What is the Rule of 40?

The Rule of 40 is a financial metric, primarily used in the Software-as-a-Service (SaaS) industry, which suggests a healthy company's combined revenue growth rate and profit margin (often measured by EBITDA) should equal or exceed 40%. It serves as a benchmark for assessing a company's financial performance and its ability to balance growth with profitability.

So, Davide Sangiovanni posted the other day about the myth of the Rule of 40 in fintech.

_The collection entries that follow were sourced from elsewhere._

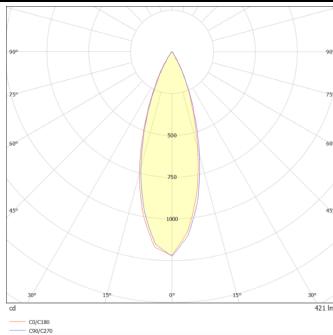

ING-S

Empotrable de suelo Lavov de la familia ING-S con una potencia de 6,8W y una optica de 32 grados . Con un flujo luminoso real de 441lm y una eficacia luminosa de 64,85lm/W. Fabricado en cuerpo de aluminio inyectado a presion, aro frontal de acero inoxidable AISI 316, cristal templado y acabado en color acero inoxidable. Grados de proteccion IP66 y IK 09.ON-OFF driver.

Código artículo 86.OIN2.1331.07

Tipo de producto Outdoor

Categoría Empotrables de suelo

Familia ING

Subfamilia ING-S

Pictograms

Esquema

Curva fotométrica

Producto

Potencia real (W) 6.8

Flujo luminoso real (lm) 441

Eficacia luminosa (lm/W) 64.849999999999994

Ángulo de apertura 32

Life time (h) 50000h L80B10

IP 66

Electrical class insulation Clase I

The Myth of the Rule of 40 in Today's Fintech Market by Davide Sangiovanni

His view is that most private fintech companies do not deliver and gives some data to prove it. His data shows that the median Rule of 40 was only achieved by 9% of the leading UK fintech firms in 2024, and only 2% in 2023. In fact, of the hundreds of Fintech firms in the UK, only 17 companies achieved the Rule of 40.

Even with 17 companies achieving such success, only 12 are profitable. In fact, as it turns out, Moneybox, Vitesse and Revolut are the only 3 companies with a Rule of 40 over 100%. Meantime, many others miss the mark. For example, Starling Bank has a profitability of 32% but the growth rate is just 5%. On the other side Chip grew 54% but still has a negative EBITDA Margin (-3%).

You can find out more in Davide’s update, but what really got me is the chart above. Why? Because many of these firms are not ten years old or more but, more importantly, I think it gives a really good insight into the state of play of UK fintech firms.

It may or may not surprise my fintech friends to find Revolut, Oaknorth, Oxbury and others in the top of the list, but it did surprise me to find 10x, Bud, Seedrs, Thought Machine and others at the bottom of the list. Some would say that this is a sign that the gloss on Banking-as-a-Service (BaaS) has gone. I personally don’t think so (ed: did I ever mention that I came up with this term?) , but it does demonstrate something else. What is it?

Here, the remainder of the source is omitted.